Material provided:
##########
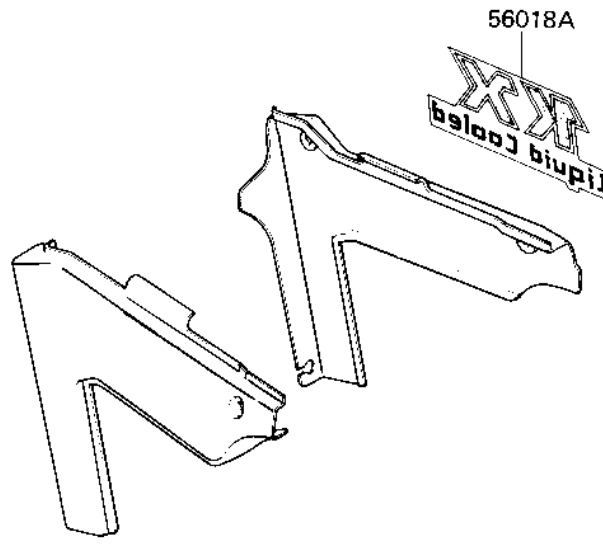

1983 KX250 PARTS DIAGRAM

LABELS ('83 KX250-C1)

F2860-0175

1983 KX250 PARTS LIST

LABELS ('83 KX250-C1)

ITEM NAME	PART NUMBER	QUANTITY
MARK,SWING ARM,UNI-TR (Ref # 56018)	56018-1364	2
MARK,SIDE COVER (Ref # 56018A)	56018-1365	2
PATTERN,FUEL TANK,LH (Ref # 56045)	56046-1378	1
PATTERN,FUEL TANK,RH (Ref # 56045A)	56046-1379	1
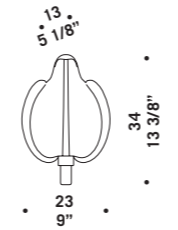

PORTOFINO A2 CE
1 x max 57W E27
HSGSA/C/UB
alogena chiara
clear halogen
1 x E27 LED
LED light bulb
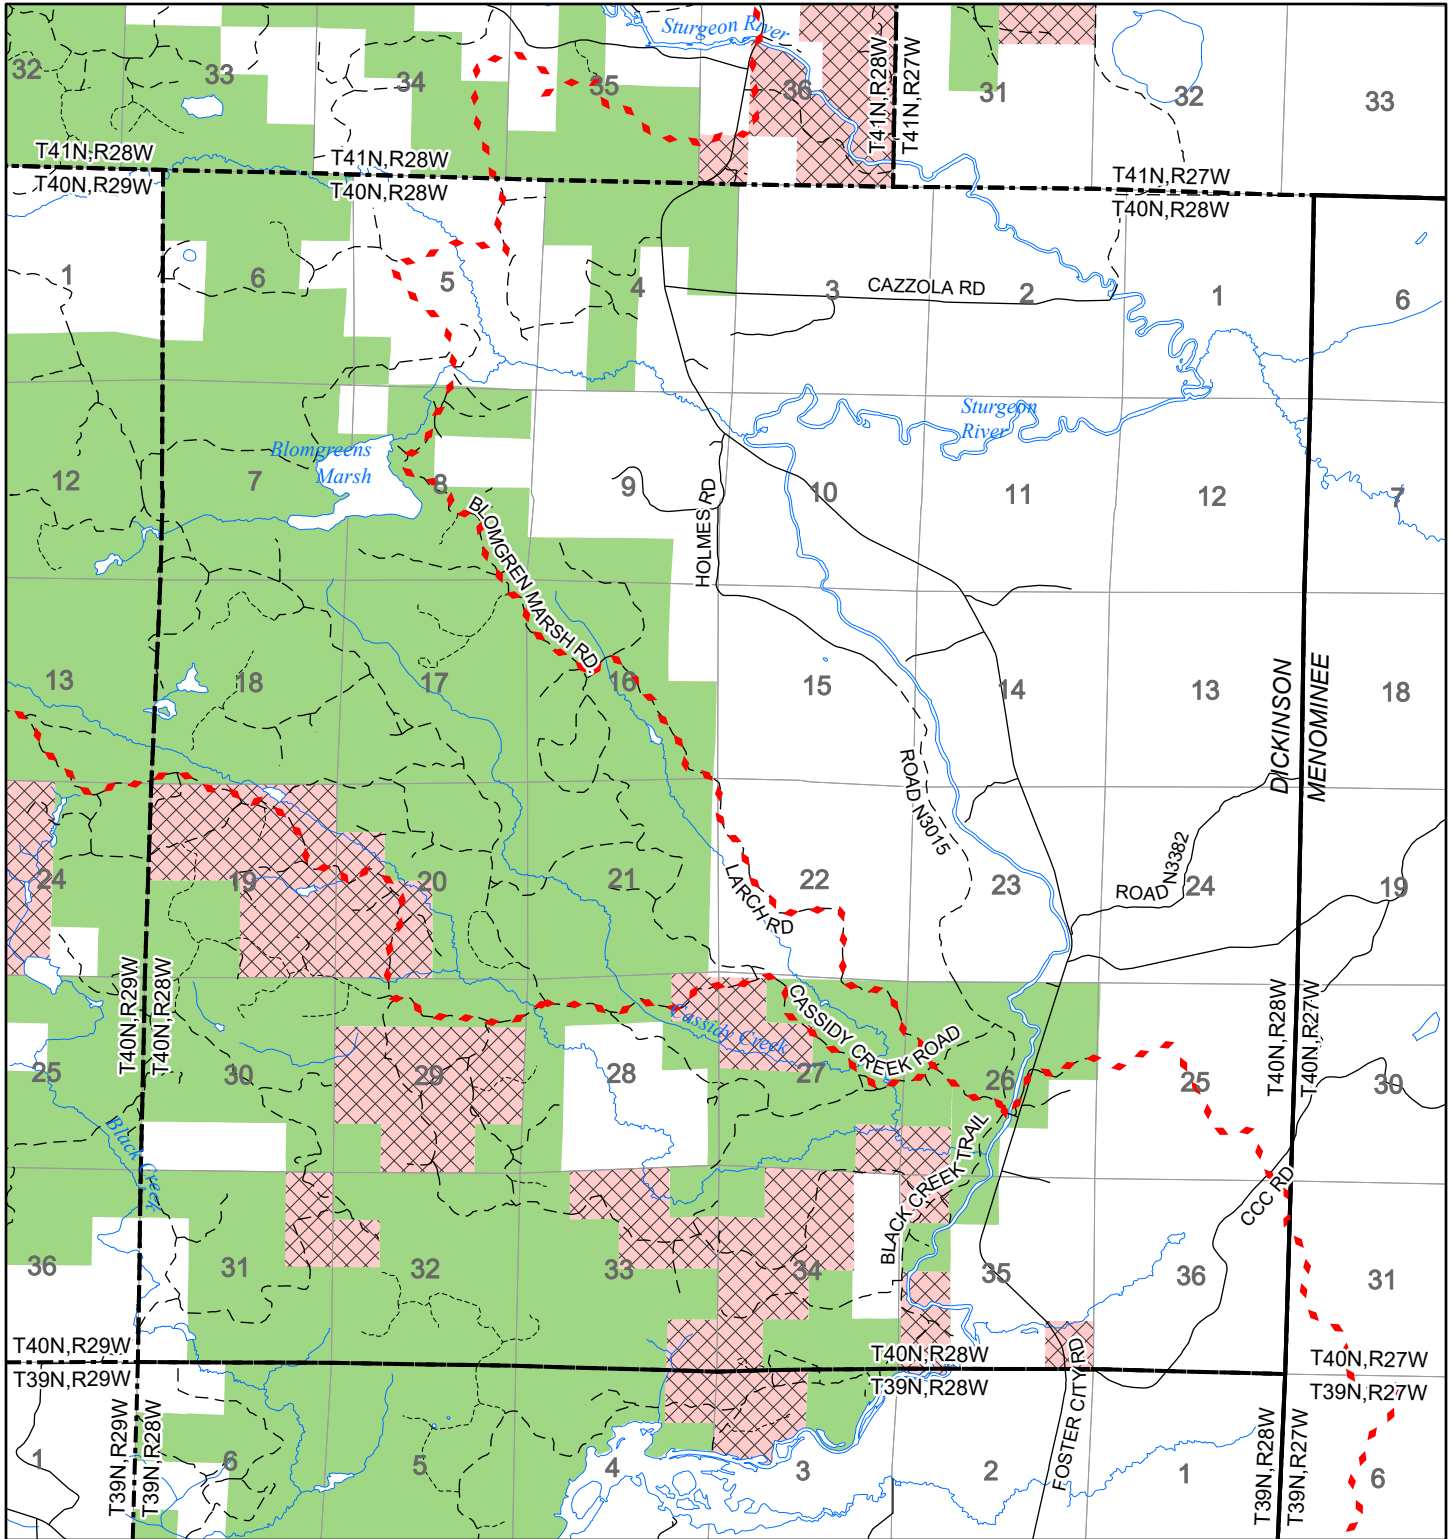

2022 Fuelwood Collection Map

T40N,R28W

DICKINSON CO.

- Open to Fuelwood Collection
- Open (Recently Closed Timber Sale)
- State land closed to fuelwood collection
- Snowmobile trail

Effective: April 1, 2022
##########
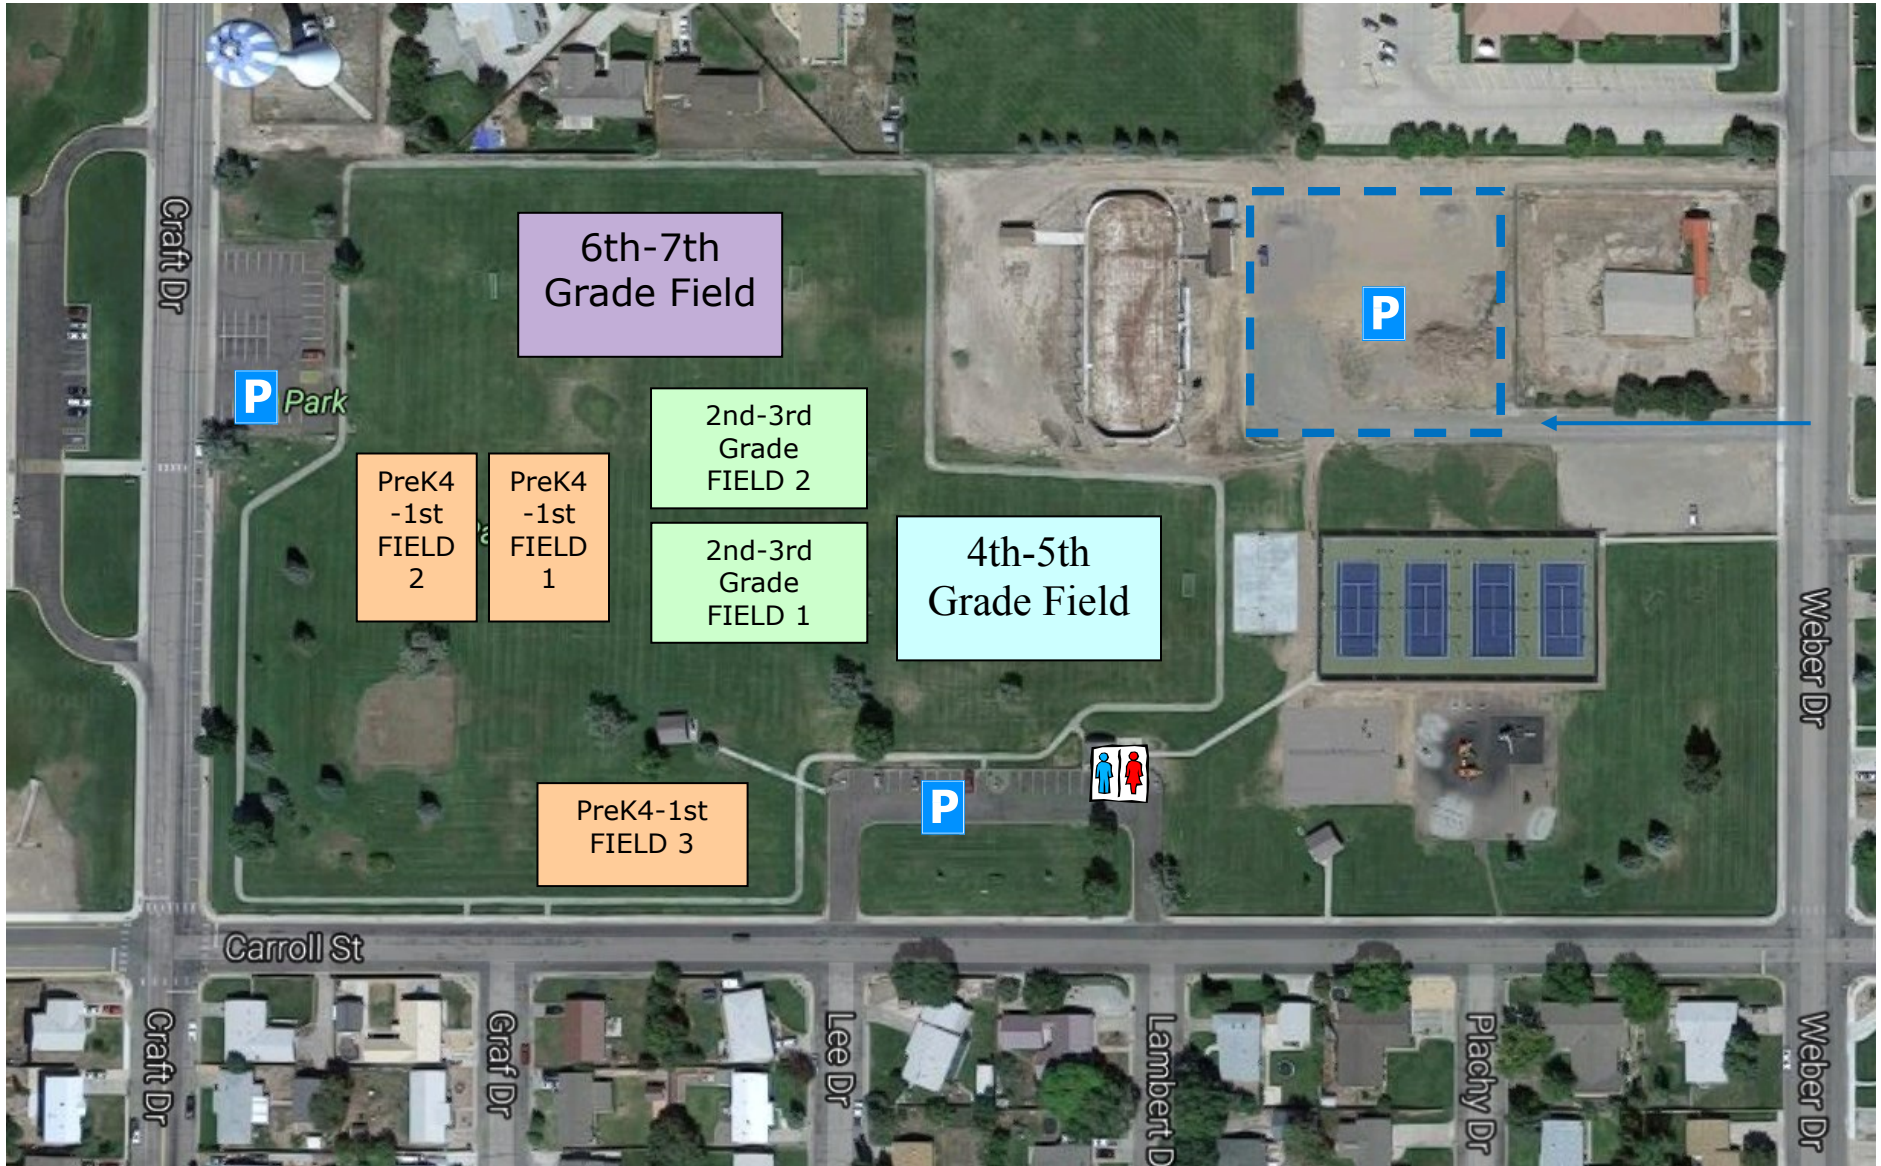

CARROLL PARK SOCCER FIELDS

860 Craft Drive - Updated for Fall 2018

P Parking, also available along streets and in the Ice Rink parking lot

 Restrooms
##########
Prompt: Your task is to collect every line above that contains the word "TANK".

Worked solution:
PATTERN,FUEL TANK,LH (Ref # 56045)	56046-1378	1
PATTERN,FUEL TANK,RH (Ref # 56045A)	56046-1379	1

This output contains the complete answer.